Qu’en est-il des intervenants dans tes projets? Comment différencier SEVEN PINES, GAË BOLG…?

Eric: Je crois qu’il est assez facile de différencier Seven Pines de Gaë Bolg, ne serait-ce que pour une raison simple: Seven Pines est mon projet, alors que Gaë Bolg est celui de… Gaë!!! Bien sur, nous jouons ensemble souvent et sommes de grands amis (Gaë a d’ailleurs enregistré mon album dans son studio), bien sur les instrumentistes qui interviennent sur nos albums sont des amis communs et il n’est donc pas étonnant qu’on les trouve sur nos deux projets, mais nous sommes quand même deux personnalités bien différentes!!!

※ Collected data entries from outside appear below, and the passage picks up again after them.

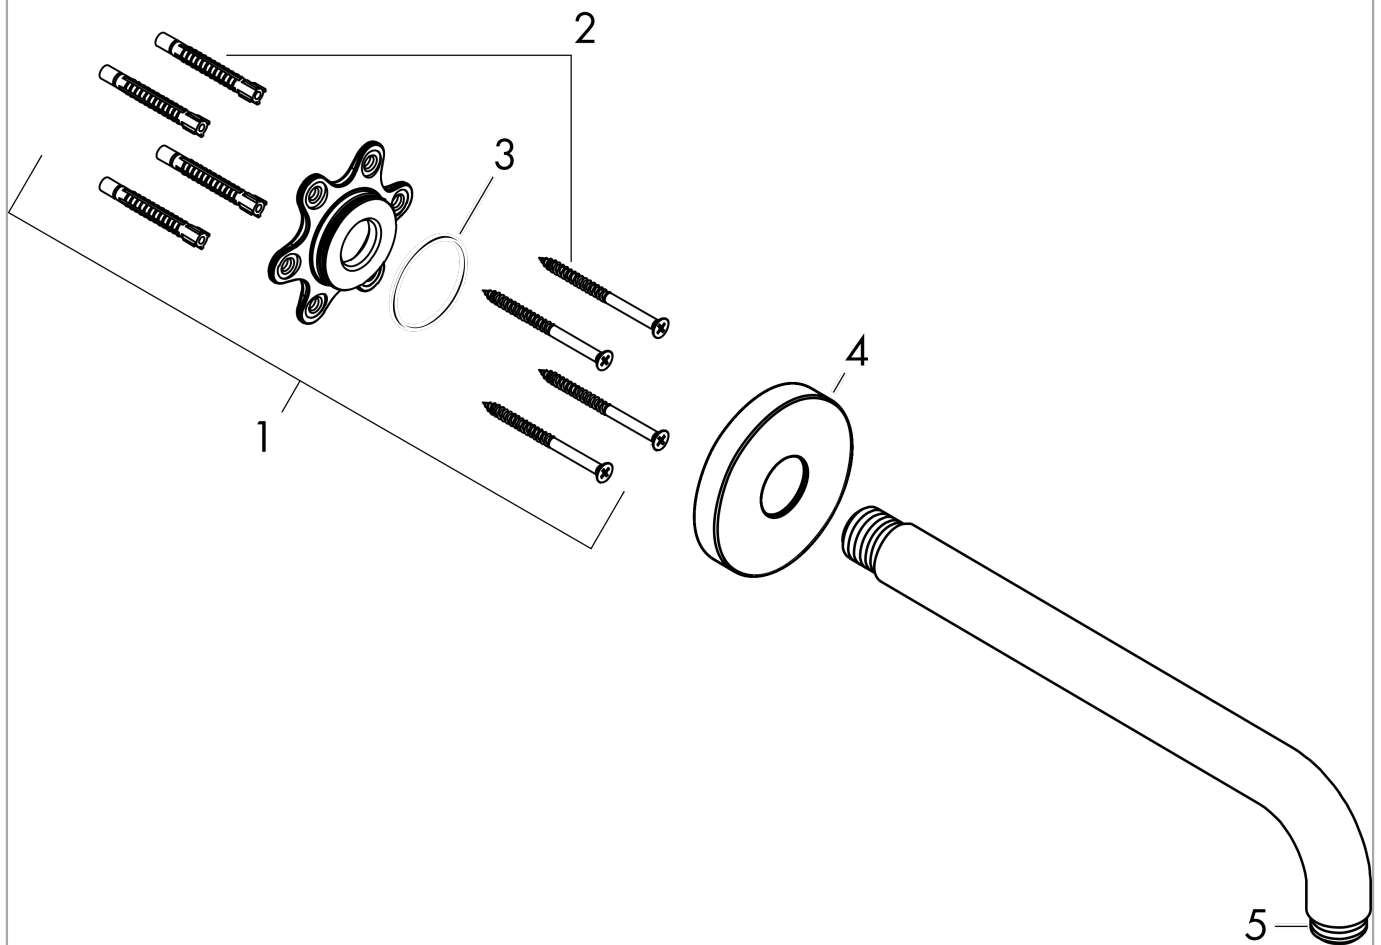

Shower arm 38.9 cm

Surface: **Brushed Bronze** Article Number: **27413140**

Description

product features

- length: 389 mm
- installation type: exposed installation
- material: brass
- version: 90° angle
- connection type: G 1/2

Design awards

Product image

Scale drawing

Shower arm 38.9 cm
Surface: **Brushed Bronze**

Article Number: 27413140

Exploded Drawing

Year of production: >12/20

Shower arm 38.9 cm
 Surface: **Brushed Bronze**

Article Number: **27413140**

Spare part list

Year of production: >12/20

| Pos. | Description | Article Number | Price | PU |
|------|--------------------|----------------|---------|----|
| 1 | mounting kit | 95208000 | € 57,12 | 1 |
| 2 | mounting set | 40916000 | € 5,24 | 1 |
| 3 | O-ring 34x2 | 98383000 | € 5,24 | 1 |
| 4 | escutcheon Ø 80 mm | 98940140 | € 33,56 | 1 |
| 5 | O-ring 16x2 | 98133000 | € 3,21 | 1 |

Gaë: Je n’ai jamais vraiment compris cette confusion entre nos deux groupes. Pour « Gaë Bolg and the Church of Fand », toutes les décisions finales sont miennes, alors que pour Seven Pines, Eric est seul maître à bord. Après, il est vrai que nous avons un peu les mêmes goûts musicaux, nous jouons souvent ensemble, nous avons beaucoup d’amis communs, nous aimons tous deux les grandes ripailles et nous partageons les mêmes femmes (sauf évidemment Noria, ma concubine principale, que je ne partage pas); Il n’est donc pas très étonnant qu’il y ait comme un air de famille entre nos deux projets…

Un bestiaire médiéval-fantastique nourri, au sens propre, de grivoiserie, de fracas d’épées et de légendes éroto-héroïques entoure tes productions, serais-tu le Gilles de Rais de la dark-folk?

Eric: Voilà une description parfaite de Gaë! J’aurais ajouté ripaille, cochonailles et rabelaiserie!!!

Gaë: Je suis assez d’accord avec toi, mais il ne faut pas oublier non plus l’importance primordiale et la présence rayonnante de Fand, notre Mère à tous, sinon, une bonne partie de son Royaume risque de t’être à jamais fermé.

La discographie de Gaë Bolg reste souvent inaccessible au public: édition limitées, éditions vinyles, distribution souterraine; est-ce une volonté artistique ou le résultat d’un concours de circonstances?

Gaë: De très nombreux fans ne vivent que pour moi. C’est d’ailleurs parfois une peu gênant, même si, il faut le reconnaître, c’est assez plaisant. Il est donc tout à fait normal qu’ils puissent bénéficier d’édition qui leur sont avant tout destiné. Je veux qu’ils puissent être fier de ces objets très limités et que leurs voisins de palier se tordent d’une jalousie malsaine et envieuse.

Bien sur, comme parfois j’aime également les gens plus simples, une partie de mes œuvres n’est et ne sera jamais limité. Je pense par exemple à «l’appel de l’Ankou», ma prochaine œuvre sur support CD qui devrait être disponible non seulement chez tous les disquaires dans le monde mais aussi dans la plupart des supermarchés. La ménagère de moins de 50 ans tout comme l’ouvrier en bâtiment y aura donc facilement accès. Il est temps que les Lara Fabian et autre Garou de tout poil se mettent à trembler sur leur fragile piédestal rempli d’illusions!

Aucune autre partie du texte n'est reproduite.